A distinction that I have come across is the difference between an event happening at a specific time $t$, $P\left(T\left(E\right) = t \right)$, versus by time $t$, $P\left(T\left(E\right) \leq t \right)$, where $T\left(E\right) = E_n - E_{n-1}$ refers to the inter-arrival time between two consecutive occurrences of the event. For a single event with rate $\lambda$, the probability of these scenarios are the exponential likelihood function

$P\left(T\left(E\right) = t \right) = \lambda e^{-\lambda t}$

and an integration over it

$P\left(T\left(E\right) \leq t \right) = \int_0^t \lambda e^{-\lambda \tau} \, \textrm{d}\tau = 1 - e^{-\lambda t}$

of the exponential distribution, respectively.

It follows that the odds of the event not occurring by $t$ is

$P\left(T\left(E\right)\gt t\right) = 1 - \left(1 - e^{-\lambda t}\right) = e^{-\lambda t}$.
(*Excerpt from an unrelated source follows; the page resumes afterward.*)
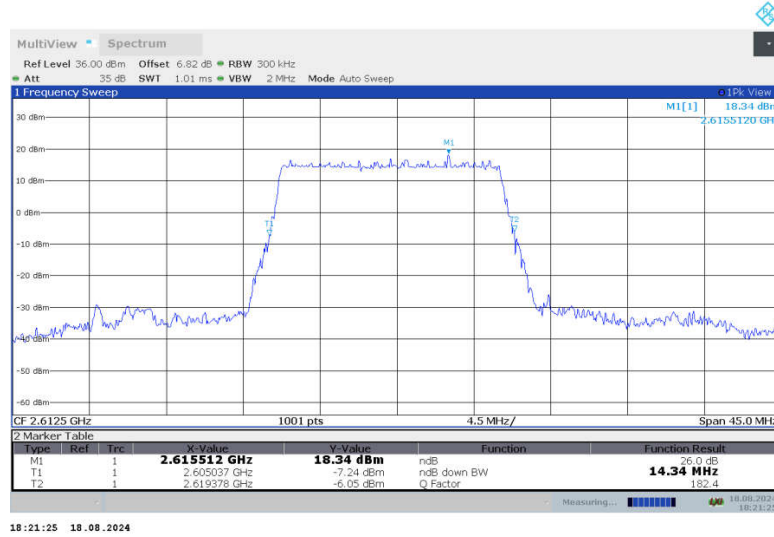

n38,15MHz Bandwidth,DFT-s-QPSK (-26dBc BW)

n38,15MHz Bandwidth,CP-QPSK (-26dBc BW)

n38,15MHz Bandwidth,DFT-s-QPSK (-26dBc BW)

n38,15MHz Bandwidth,CP-QPSK (-26dBc BW)

n38,15MHz Bandwidth,DFT-s-QPSK (-26dBc BW)

Returning to my three-event model, the probability of observing event A at time $t$ but not events B nor C by that time is

$P\left(T\left(A\right) = t \cap T\left(B\right) \gt t \cap T\left(C\right) \gt t \right) = \lambda_A e^{-\lambda_A t} e^{-\lambda_B t} e^{-\lambda_C t} = \lambda_A e^{-\lambda t}$

where $\lambda = \lambda_A + \lambda_B + \lambda_C$, the overall rate of events.

However, I see two non-equivalent approaches to calculate the probability of observing event A by time $t$ but not events B nor C by that time, $P\left(T\left(A\right) \leq t \cap T\left(B\right) \gt t \cap T\left(C\right) \gt t \right)$.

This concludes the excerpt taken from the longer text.